EXERCISE DIRECTIONS: Scan the records for "blown". Show the matching lines.

MATERIAL SUPPLIED:
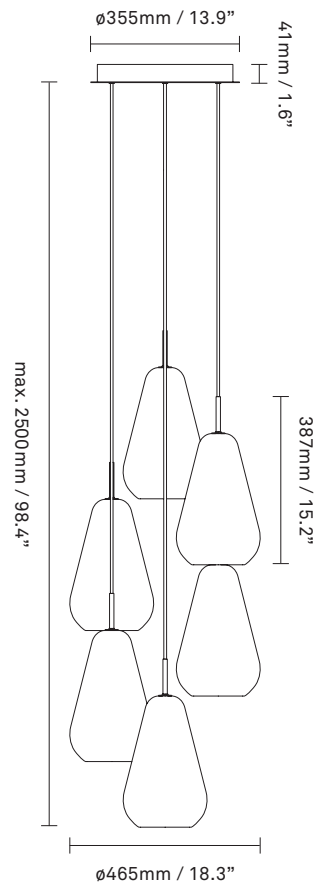

# NUURA

**ANOLI 6**  
**nordic gold / opal**

Design: Sofie Refer, 2018

**Anoli 6** in mouth blown opal glass and nordic gold finish Incl. ceiling plate.

Explore the rest of the Anoli collection on our website, [here](#)

**Product no.:** EU - 2011004 / US - 3011004

**Certifications:** CE, IP20, Class I

**Type:** Chandelier - indoor

**For information about IP ratings, click [here](#)**

**Colour:** Glass: opal / Metal: nordic gold

**Cleaning:** Use a soft dry cloth to clean the product.  
Do not use household cleaners.

**Materials:** Powder-coated metal, mouth-blown glass

**Light source:** Socket: E14 / G9  
Max wattage: 25W LED  
Voltage (V): 220-240V / 120V

**Dimensions:**  $\varnothing$ 465mm / 18.3in x 387mm / 15.2in  
Cable length: max. 2500mm / 98.4in

**Weight:** Armature + glass: 8390g

**See recommended light source [here](#)**

**Packaging:** Dimensions:L: 800mm / 31.4in  
x W: 600mm / 23.6in x H: 470mm / 18.5in  
Weight: 10610g  
Total weight incl. product: 19000g  
Number of parcels: 7  
Material: Brown cardboard
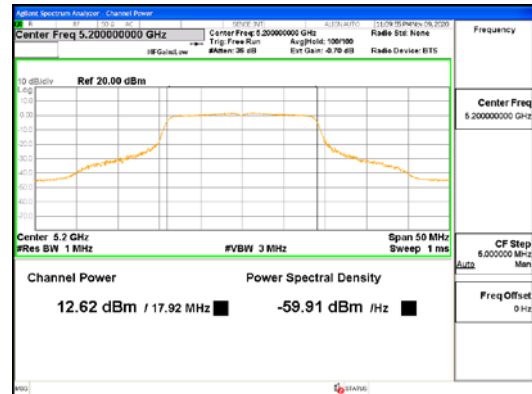

CTK Co., Ltd.
(Ho-dong), 113, Yejik-ro, Cheoin-gu,
Yongin-si, Gyeonggi-do, Korea
Tel: +82-31-339-9970
Fax: +82-31-624-9501

Report No.:
CTK-2021-03418
Page (151) / (376) Pages
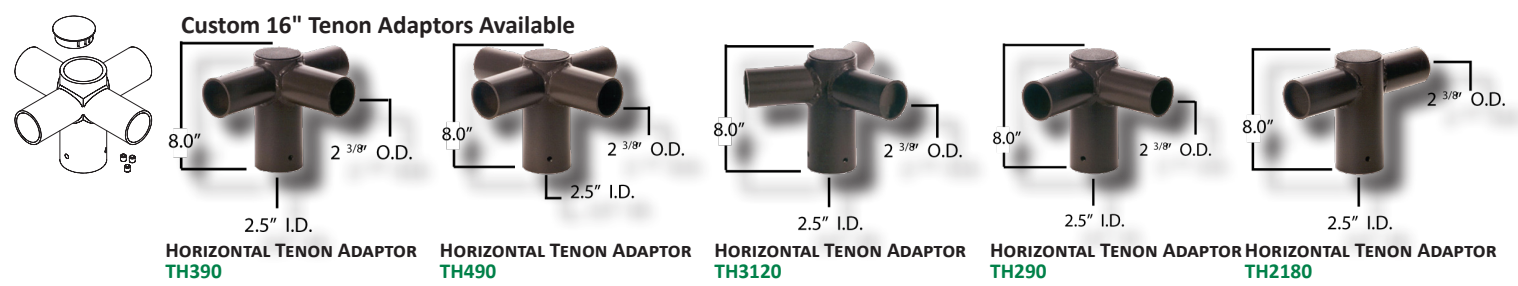

CRAFTSMANSHIP BEYOND COMPARE

At Techlight, we believe that every detail matters. Our collection of mounts is a testament to precision engineering, ensuring seamless integration and steadfast support for your lighting fixtures. From sleek and minimalist designs to robust structures for heavy-duty applications, our mounts strike the perfect balance between form and function.
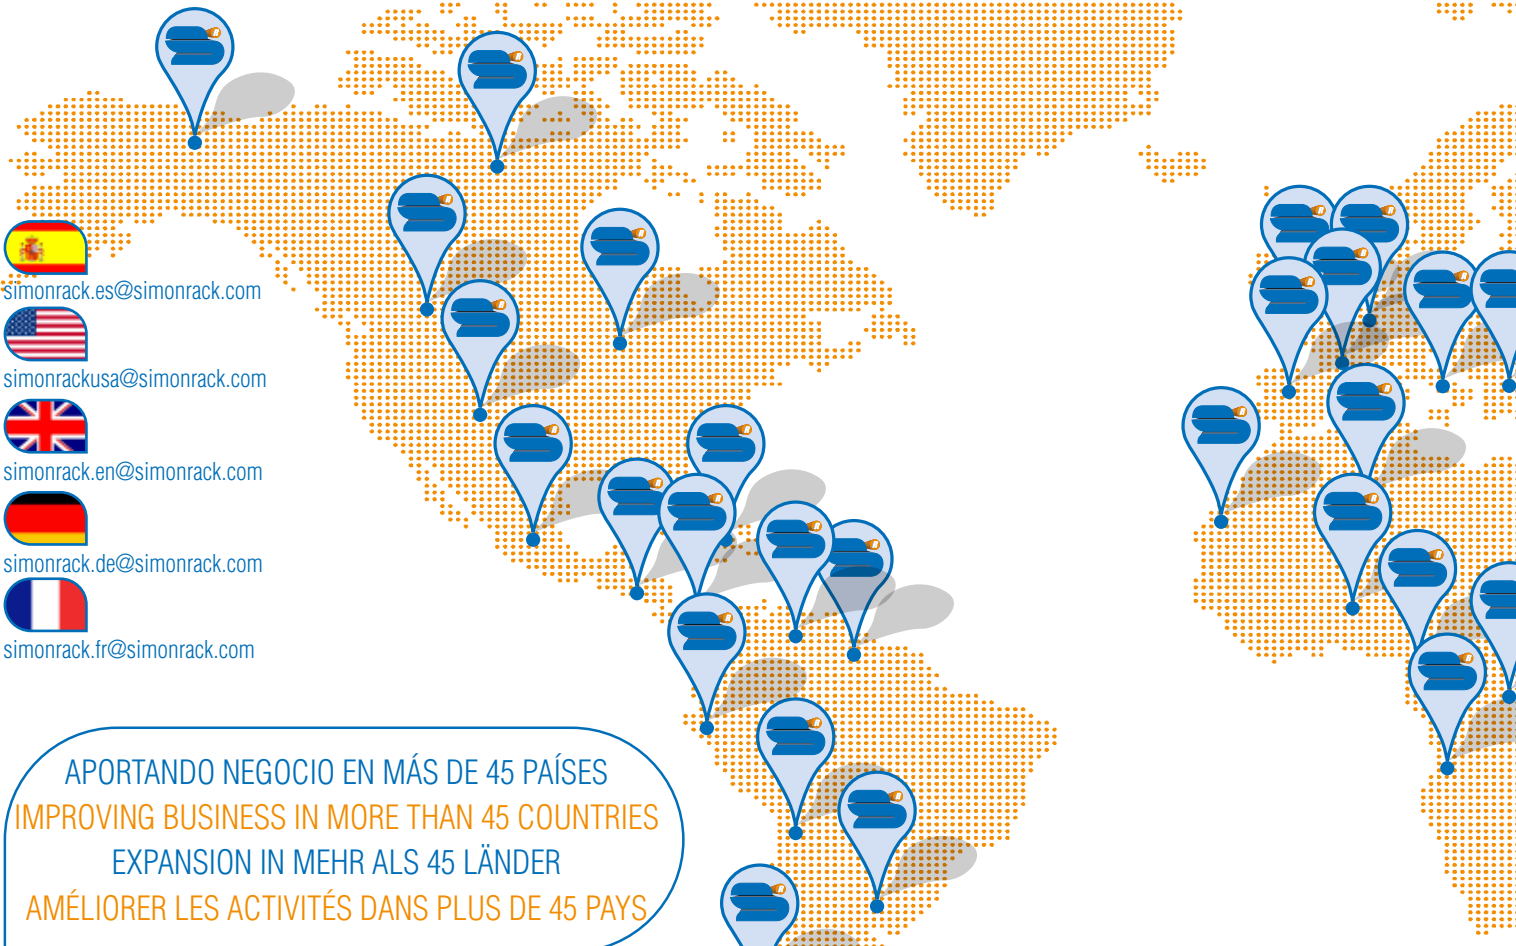

simonrack.es@simonrack.com

simonrackusa@simonrack.com

simonrack.en@simonrack.com

simonrack.de@simonrack.com

simonrack.fr@simonrack.com

APORTANDO NEGOCIO EN MÁS DE 45 PAÍSES
IMPROVING BUSINESS IN MORE THAN 45 COUNTRIES
EXPANSION IN MEHR ALS 45 LÄNDER
AMÉLIORER LES ACTIVITÉS DANS PLUS DE 45 PAYS

OUTPUT OF THE EXERCISE:
**Anoli 6** in mouth blown opal glass and nordic gold finish Incl. ceiling plate.
**Materials:** Powder-coated metal, mouth-blown glass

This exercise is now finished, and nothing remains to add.